The Royal Ballet's production of this trilogy is a glittering gem, says Joy Sable

Royal Opera House

    JEWELS; The Royal Ballet; EMERALDS, 2 PRINCAPAL COUPLES; ROBERTA MARQUEZ, EDWARD WATSON, LAURA MORERA, RYOICHI HIRANO, PAS DE TROIS; ELIZABETH HARROD, ALEXANDER CAMPBELL, AKANE TAKADA,
    JEWELS; The Royal Ballet; EMERALDS, 2 PRINCAPAL COUPLES; ROBERTA MARQUEZ, EDWARD WATSON, LAURA MORERA, RYOICHI HIRANO, PAS DE TROIS; ELIZABETH HARROD, ALEXANDER CAMPBELL, AKANE TAKADA,

    Jewels is a trilogy of one-act ballets, created in 1967 for the New York City Ballet by its founder and chief choreographer, George Balanchine and here danced by the Royal Ballet.

    The three pieces — Emeralds, Rubies and Diamonds — are complete in themselves and can be performed separately, so it is a real treat to see the ballet as a whole danced on the Covent Garden stage.

    Where once Balanchine’s style — all angles, speed and precision — was somewhat alien to our home-grown dancers, now the Royal Ballet is made up of such a diverse group of internationally trained performers that tackling something so different to the English (and for that, read “Ashton”) style holds no fears.

    Jewels is said to have been inspired by a visit by Balanchine to the New York jewellers Van Cleef & Arpels, but he later stated the ballet had nothing to do with jewels, the dancers are just dressed as gems. And how glorious the costumes are! The evening begins with Emeralds, the women dressed in floating, long, green tutus in the romantic style, ideal for interpreting Faure’s lush music. In this piece, Yuhui Choe and Valeri Hristov are the central couple, coolly elegant and remote. Francesca Hayward is a heart winner with her playful, light solo — what a gem of a dancer she is.

    Rubies, in contrast, is set to a jazzy score by Stravinsky. It is, perhaps, Balanchine at his most familiar — pelvic thrusts and jutting hips, extreme extensions and sharp footwork. The women in this sassy, sexy piece are dressed in ruby-coloured leotards with fringed, short skirts (which audibly rattle because of the gems attached to them); the men are similarly clothed in red tunics.
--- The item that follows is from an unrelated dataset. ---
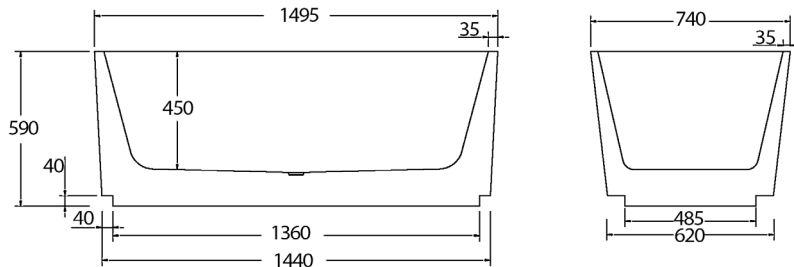

Maintenance & Care

- Clean with mild soapy water using a microfibre cloth after every use.
- Do not use harsh and abrasive detergents, liquids, or pastes.
- Do not use excessive pressure while cleaning.
- Add essential oils only after the water has run in the bath. Spot test using a drop of essential oil on a concealed area of the bathtub to ensure they won't stain the bath.

Mayara Magri and Marcelino Sambe shine in the central pas de deux. Here is Broadway glamour and real New York glitz. Sambe makes light work of his jumps and turns, spinning off into the wings with incredible speed, drawing, when I was there, a gasp of delight from the audience. Gina Storm-Jensen puts in a strong performance, but there is no need for her to grin her way through the dances — Balanchine always let the steps do the talking.

    Tchaikovsky’s Symphony No. 3 in D is used for the final piece of the evening, Diamonds. Here Balanchine pays tribute to his Russian heritage, with a piece of stunning beauty. This section uses the largest number of dancers, clad in white, with sparkling gemstones setting off the classical tutus. Watch carefully and you can see the references to the great classics in the intricate choreography: arms and wrists echoing the white act of Swan Lake, or Raymonda, the corps patterns suggest Sleeping Beauty.

    Sarah Lamb dominates the stage in the lead ballerina role, her balances steady, her beautiful legs in lovely arabesques, with steady partnering from Ryoichi Hirano. The corps dances magnificently, bringing the evening to a literally glittering close.

     

    The Royal Ballet’s ‘Jewels’ is at the Royal Opera House until 21 April.